VonGuard · on May 25, 2014

Most large financial institutions use it, as well.

jds375 · on May 24, 2014

It is very surprising that distributions such as Fibonacci and the powers of two follow this law. Some number sequences that don't are numbers like pi and e. These numbers are said to be normal numbers, meaning they have an equal distribution amongst all digits. However, this hasn't been rigorously proven and is still an open problem.[1]

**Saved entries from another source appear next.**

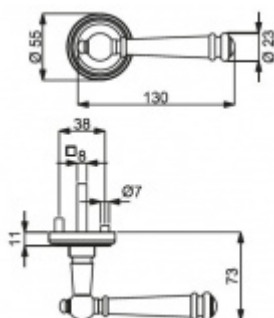

ID produktu: 14798

PLU: 32.56.2810

Sada kování pro interiérové dveře v objektovém standardu dle EN 1906 (4. třída)

Klika je osazena pevně na rozetě s bajonetovým mechanismem.

Kování je vyrobeno z masivní mosazi s povrchem chrom nebo šedá patina.

Sada kování obsahuje spojovací materiál a čtyřhran pro tloušťku dveří 38-42 mm.

Větší tloušťka dveří je možná dle zadání. Příplatek cca 100,- Kč / sada

Čtyřhran u WC zamykání má rozměr 8x8 mm.

Vaše cena bez DPH

http://en.m.wikipedia.org/wiki/Normal_number

pavpanchekha · on May 24, 2014

The distribution of the digits of pi and e is not the same as the distribution of first digits in a set of numbers; only the second is subject to Benford's Law. While both normal numbers and Benford's Law are interesting mathematical objects and deal with distributions of digits in a number, that is the complete extent to which they are related.

mikeash · on May 25, 2014

Just about any distribution where the distance between sequential numbers grows as the numbers grow will follow the law. Fibonacci and powers of two both fit that.

tbrock · on May 25, 2014

I worked at a hedge fund and we used this to figure out whether other funds were falsifying their returns or not. The most notable deviation was Bernie Madoff's.

mikeash · on May 25, 2014

Before or after he got caught?

bayesianhorse · on May 24, 2014

Benford's law is so well known today, that many a "forger" will evade it easily. One way is to create random numbers and find a solution that fits both your goal and Benford's law.

I think this is what the German ADAC did when they falsified test results around a general "idea" what they wanted to see.

ajtulloch · on May 25, 2014

Terry Tao has written an excellent (if mathematically advanced) post on Benford's law that is worth looking at for a more rigorous presentation.

http://terrytao.wordpress.com/2009/07/03/benfords-law-zipfs-...

ericchiang · on May 24, 2014

Probably the best explanation of the intuition behind Benford's law. Worth a watch if you've got the time:

https://www.youtube.com/watch?v=XXjlR2OK1kM

Terr_ · on May 25, 2014

To reuse an old post:

> [I]t has to do with relative growth/shrinkage and the base of the positional-numbering system you're using. If you have a random starting value (X) multiplied by a second random factor (Y), most of the time the result will start with a one.

> You're basically throwing darts at logarithmic graph paper! The area covered by squares which "start with 1" is larger than the area covered by square which "start with 9".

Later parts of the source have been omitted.